Wave 2 — Observer Sub-Agent (Days 8-12)

  1. Create vox-orchestrator/src/observer.rsObserver struct
  2. Implement Observer::observe_file(path) -> ObservationReport
  3. Implement Observer::observe_rust_file(path) -> ObservationReport
  4. Implement Observer::start_watching(file_paths) -> JoinHandle
  5. Implement Observer::drain_reports() -> Vec<ObservationReport>
  6. Add observer: Option<Arc<Observer>> to Orchestrator
  7. Wire Observer startup into Orchestrator::spawn_agent
  8. Wire Observer shutdown into Orchestrator::retire_agent
  9. Emit VisualizerEventKind::ObservationRecorded from viz_sink
  10. Implement Observer::compute_action(report, policy) -> ObserverAction
  11. Add observation_history: VecDeque<ObservationReport> (cap 20) -> AgentTask
  12. Feed ObservationReport into Arca observer_events
  13. Implement Observer::summarize(task_id) -> ObservationSummary
  14. Add observation_summary: Option<ObservationSummary> to CompletionAttestation
  15. Write unit tests: compute_action correctness
  16. Write integration test: Observer on known-bad .vox → errors within 2 polls
  17. Write integration test: Observer on .rs with todo!()EmitNegativeExample
  18. Write tests: summarize computes parse_rate trend from 3 sequential reports
  19. Expose vox_observer_status(task_id) MCP tool
  20. Run vox stub-check, cargo test -p vox-orchestrator

Wave 3 — Orient Phase & Enhanced Socrates (Days 13-17)
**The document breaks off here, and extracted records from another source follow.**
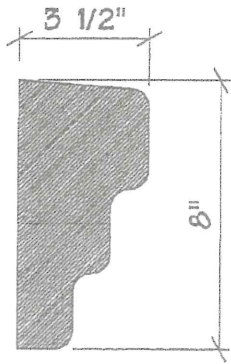

SUPERIOR STUCCO ARCHITECTURAL SERIES
POT SHELVES & SILLS

PS 110

PS 111

PS 113

Similar to B32 MOD (3 1/4" x 5 1/2")

PS 116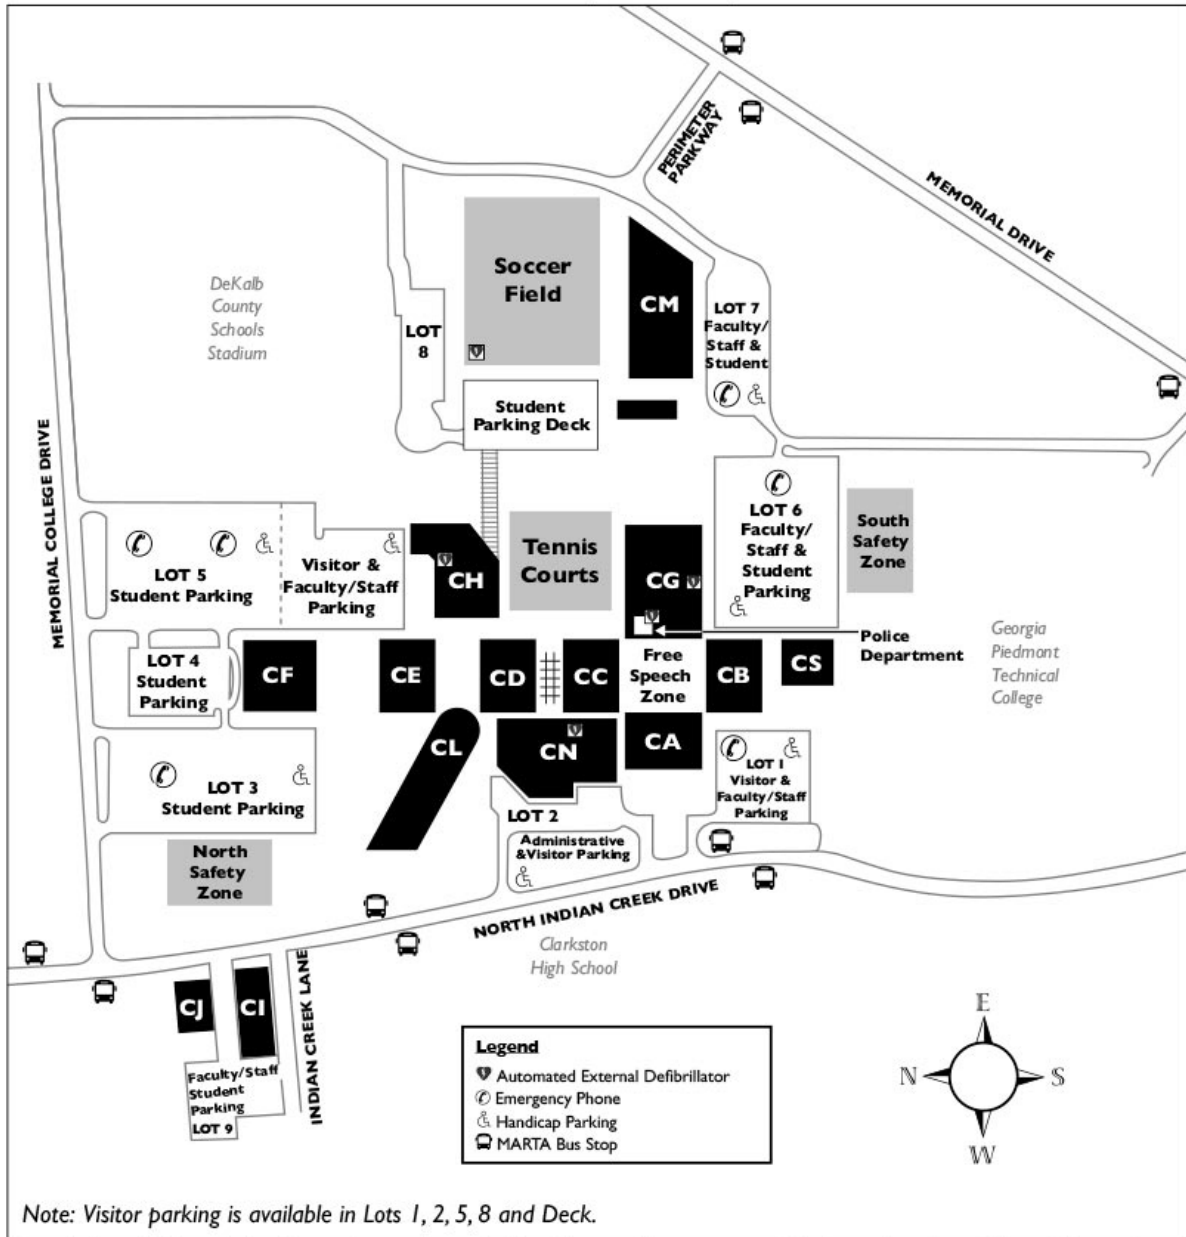

Welcome to the CLARKSTON CAMPUS

555 N. Indian Creek Dr., Clarkston, GA 30021

Note: Visitor parking is available in Lots 1, 2, 5, 8 and Deck.

Georgia State University is tobacco-free and smoke-free. Please visit www.usg.edu/tobaccofree for additional information.

CA

International
Initiatives/Study Abroad
Mail Room

CB

Business/Social Sciences
Disability Services
Learning & Tutoring
Center
Student Media
TRIO - Student Support
Services
TRIO - Upward Bound

CC

Dual Enrollment
Early College Programs
Science
STEM Lab

CD

American Sign Language
Interpreter Education
Early College Programs
Pre-College &
Educational Opportunity
Programs
ROTC

CE

English
Honors College

CF

Fine Arts & Humanities
Fine Arts Gallery (south
entrance)
Media Design Lab
Performance Studio
(north entrance)
Studio Gallery (north
entrance)

CG

Gymnasium
Kinesiology & Health
Police Department
Recreational Services

Swimming Pool

Weight Room

CH

Advisement Center
(north entrance)
Career Services
Civic Engagement (access
through MOC)
English
Mathematics
MESA
Military Outreach Center
- MOC (east entrance)
Nursing
Project RAISE
Student Health Center
Student Health
Promotion
Testing Center

  1. Define OrientReport { evidence_gap, missing_namespaces, recommended_retrieval, risk_band, planning_complexity_multiplier }
  2. Implement orient_phase(ctx, policy) -> OrientReport
  3. Add evidence_gap_threshold to ConfidencePolicy
  4. Implement OrientPhase::request_missing_evidence(gap) -> Vec<SearchResult>
  5. Add orient_report: Option<OrientReport> to SocratesTaskContext
  6. Integrate orient_phase() into runtime.rs before each LLM inference request
  7. Wire risk_band: Red -> block act; Black -> halt + escalate
  8. Wire planning_complexity_multiplier into PlannerConfig
  9. Implement OrientPhase::propagate_fatigue(fatigue_active, config)
  10. Implement OrientPhase::auto_dispatch_socratic_question(gap) -> CorrelationId
  11. Fix QARouter::answer() — store answer; add get_answer(corr_id) -> Option<String>
  12. Wire answered questions back into SocratesTaskContext
  13. Implement OrientPhase::classify_task_category(description) -> TaskCategory
  14. Write tests: orient_phase with zero evidence -> RequestMoreEvidence
  15. Write tests: propagate_fatigue(true) raises thresholds by >= 2
  16. Write tests: classify_task_category returns Security for auth keywords
  17. Write tests: auto_dispatch_socratic_question creates QARouter entry
  18. Write tests: get_answer() returns stored string
  19. Emit VisualizerEventKind::OrientCompleted { risk_band, evidence_gap }
  20. Run vox stub-check, cargo test -p vox-orchestrator

Wave 4 — Testing Decision Engine (Days 18-22)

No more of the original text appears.